● ABOUT THIS EXERCISE
Records follow. Print exactly the lines from the one that has "Общая площадь" through the one that has "- Общая высота монтажа 75-110 mm", inclusive, and omit the pictures.

◆ ◆ ◆ ◆ ◆ ◆ ◆

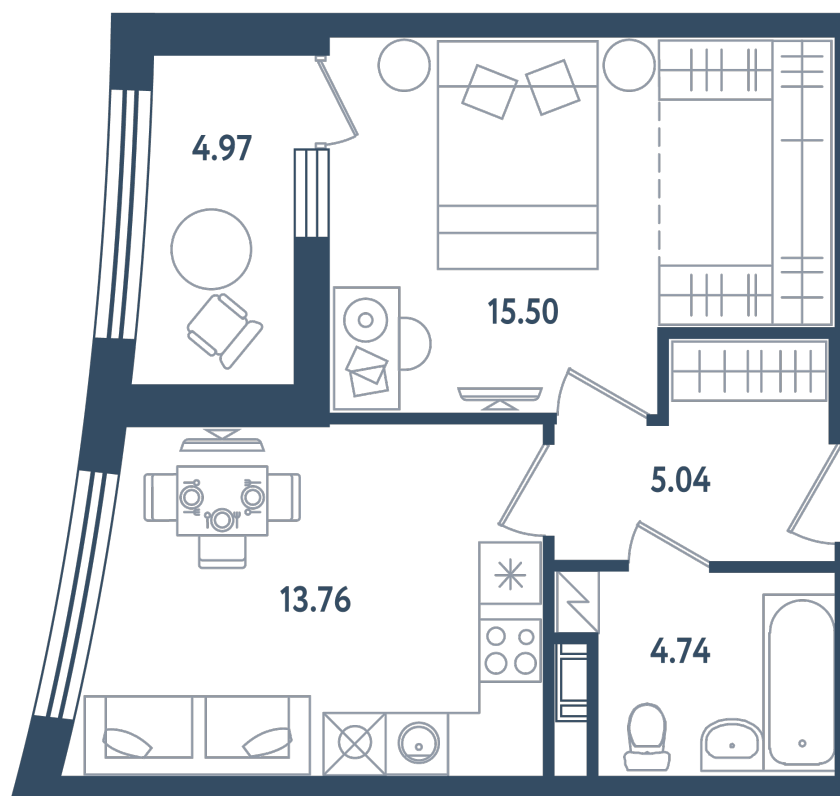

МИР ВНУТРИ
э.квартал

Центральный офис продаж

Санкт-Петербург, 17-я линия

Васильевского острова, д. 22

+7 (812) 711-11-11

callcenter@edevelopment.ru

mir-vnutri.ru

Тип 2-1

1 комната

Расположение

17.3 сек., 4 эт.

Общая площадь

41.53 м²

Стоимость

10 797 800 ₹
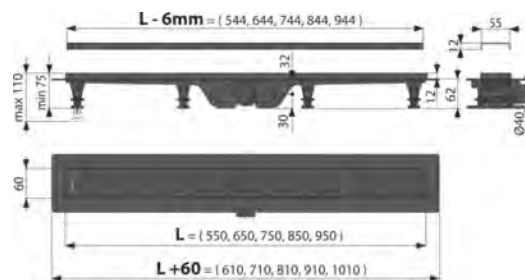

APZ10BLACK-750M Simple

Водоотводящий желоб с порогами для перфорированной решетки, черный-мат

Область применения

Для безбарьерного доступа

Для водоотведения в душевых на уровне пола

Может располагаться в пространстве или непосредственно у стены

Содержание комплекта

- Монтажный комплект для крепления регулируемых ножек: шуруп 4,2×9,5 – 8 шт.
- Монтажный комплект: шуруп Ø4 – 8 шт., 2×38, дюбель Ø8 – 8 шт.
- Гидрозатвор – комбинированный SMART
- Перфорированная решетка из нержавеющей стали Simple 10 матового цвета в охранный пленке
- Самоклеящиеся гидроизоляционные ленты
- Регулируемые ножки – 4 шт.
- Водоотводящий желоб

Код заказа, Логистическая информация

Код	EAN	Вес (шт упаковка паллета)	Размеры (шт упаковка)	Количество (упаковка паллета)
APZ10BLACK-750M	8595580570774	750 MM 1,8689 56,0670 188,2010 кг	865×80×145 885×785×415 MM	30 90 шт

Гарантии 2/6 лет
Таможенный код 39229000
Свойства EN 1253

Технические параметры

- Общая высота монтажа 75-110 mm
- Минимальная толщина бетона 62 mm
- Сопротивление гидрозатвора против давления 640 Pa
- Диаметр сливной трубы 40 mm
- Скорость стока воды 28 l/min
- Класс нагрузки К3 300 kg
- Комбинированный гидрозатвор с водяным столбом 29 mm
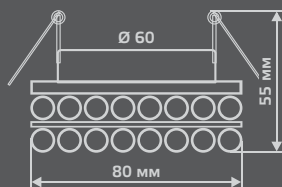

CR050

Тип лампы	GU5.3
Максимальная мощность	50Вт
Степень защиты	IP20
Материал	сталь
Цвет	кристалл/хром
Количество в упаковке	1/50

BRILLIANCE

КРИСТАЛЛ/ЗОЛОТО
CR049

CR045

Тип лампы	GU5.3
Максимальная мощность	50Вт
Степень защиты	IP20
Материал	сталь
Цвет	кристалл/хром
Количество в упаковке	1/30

◆ ◆ ◆ ◆ ◆ ◆ ◆

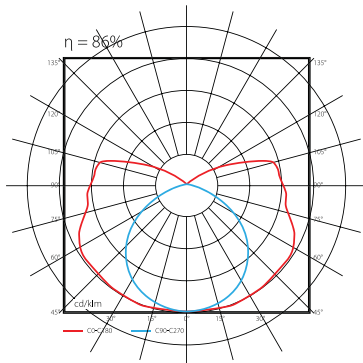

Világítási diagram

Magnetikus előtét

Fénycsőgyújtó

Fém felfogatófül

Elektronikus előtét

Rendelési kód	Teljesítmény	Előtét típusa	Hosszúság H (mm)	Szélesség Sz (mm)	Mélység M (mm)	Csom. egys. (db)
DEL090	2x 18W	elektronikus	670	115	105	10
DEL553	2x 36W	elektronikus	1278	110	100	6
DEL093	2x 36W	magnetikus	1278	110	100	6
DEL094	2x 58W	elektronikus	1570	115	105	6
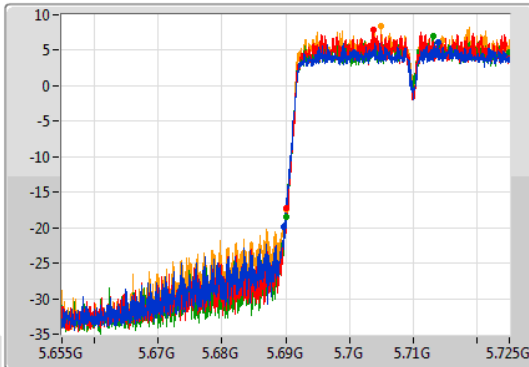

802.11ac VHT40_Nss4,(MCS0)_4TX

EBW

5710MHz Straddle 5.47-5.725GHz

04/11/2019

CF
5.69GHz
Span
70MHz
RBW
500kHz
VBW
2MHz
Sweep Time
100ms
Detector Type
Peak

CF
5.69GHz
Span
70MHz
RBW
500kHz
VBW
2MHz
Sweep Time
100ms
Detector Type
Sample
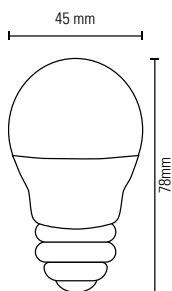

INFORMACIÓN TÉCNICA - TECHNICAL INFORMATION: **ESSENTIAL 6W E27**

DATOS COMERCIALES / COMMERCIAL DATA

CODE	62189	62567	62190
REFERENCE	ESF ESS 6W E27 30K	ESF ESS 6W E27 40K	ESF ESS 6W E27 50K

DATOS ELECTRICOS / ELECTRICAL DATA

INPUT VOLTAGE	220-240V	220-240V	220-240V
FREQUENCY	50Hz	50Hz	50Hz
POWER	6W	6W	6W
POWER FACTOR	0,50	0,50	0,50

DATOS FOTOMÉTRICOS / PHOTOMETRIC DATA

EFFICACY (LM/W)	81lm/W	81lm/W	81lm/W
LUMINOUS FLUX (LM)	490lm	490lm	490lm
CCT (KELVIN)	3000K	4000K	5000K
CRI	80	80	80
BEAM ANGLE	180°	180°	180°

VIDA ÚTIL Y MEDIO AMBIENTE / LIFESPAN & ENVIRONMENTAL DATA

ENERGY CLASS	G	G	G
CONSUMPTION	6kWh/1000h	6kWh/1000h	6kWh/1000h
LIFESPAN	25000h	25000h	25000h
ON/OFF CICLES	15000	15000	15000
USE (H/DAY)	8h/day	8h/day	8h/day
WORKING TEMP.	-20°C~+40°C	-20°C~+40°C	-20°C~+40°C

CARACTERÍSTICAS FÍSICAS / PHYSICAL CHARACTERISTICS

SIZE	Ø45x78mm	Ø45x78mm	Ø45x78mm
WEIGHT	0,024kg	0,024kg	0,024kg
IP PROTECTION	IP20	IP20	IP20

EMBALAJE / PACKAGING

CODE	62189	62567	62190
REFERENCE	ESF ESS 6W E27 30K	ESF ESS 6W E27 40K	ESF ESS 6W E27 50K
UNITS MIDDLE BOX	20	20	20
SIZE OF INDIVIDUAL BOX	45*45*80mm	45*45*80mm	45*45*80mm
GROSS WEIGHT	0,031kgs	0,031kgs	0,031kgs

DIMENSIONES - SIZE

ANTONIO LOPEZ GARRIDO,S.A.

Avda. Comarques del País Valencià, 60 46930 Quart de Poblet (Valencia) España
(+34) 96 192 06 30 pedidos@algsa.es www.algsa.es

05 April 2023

◆ ◆ ◆ ◆ ◆ ◆ ◆

● SOLUTION TO THIS PROBLEM
Общая площадь

41.53 м²

Стоимость

10 797 800 ₹

APZ10BLACK-750M Simple

Водоотводящий желоб с порогами для перфорированной решетки, черный-мат

Область применения

Для безбарьерного доступа

Для водоотведения в душевых на уровне пола

Может располагаться в пространстве или непосредственно у стены

Содержание комплекта

- Монтажный комплект для крепления регулируемых ножек: шуруп 4,2×9,5 – 8 шт.
- Монтажный комплект: шуруп Ø4 – 8 шт., 2×38, дюбель Ø8 – 8 шт.
- Гидрозатвор – комбинированный SMART
- Перфорированная решетка из нержавеющей стали Simple 10 матового цвета в охранный пленке
- Самоклеящиеся гидроизоляционные ленты
- Регулируемые ножки – 4 шт.
- Водоотводящий желоб

Код заказа, Логистическая информация

Код	EAN	Вес (шт упаковка паллета)	Размеры (шт упаковка)	Количество (упаковка паллета)
APZ10BLACK-750M	8595580570774	750 MM 1,8689 56,0670 188,2010 кг	865×80×145 885×785×415 MM	30 90 шт

Гарантии 2/6 лет
Таможенный код 39229000
Свойства EN 1253

Технические параметры

- Общая высота монтажа 75-110 mm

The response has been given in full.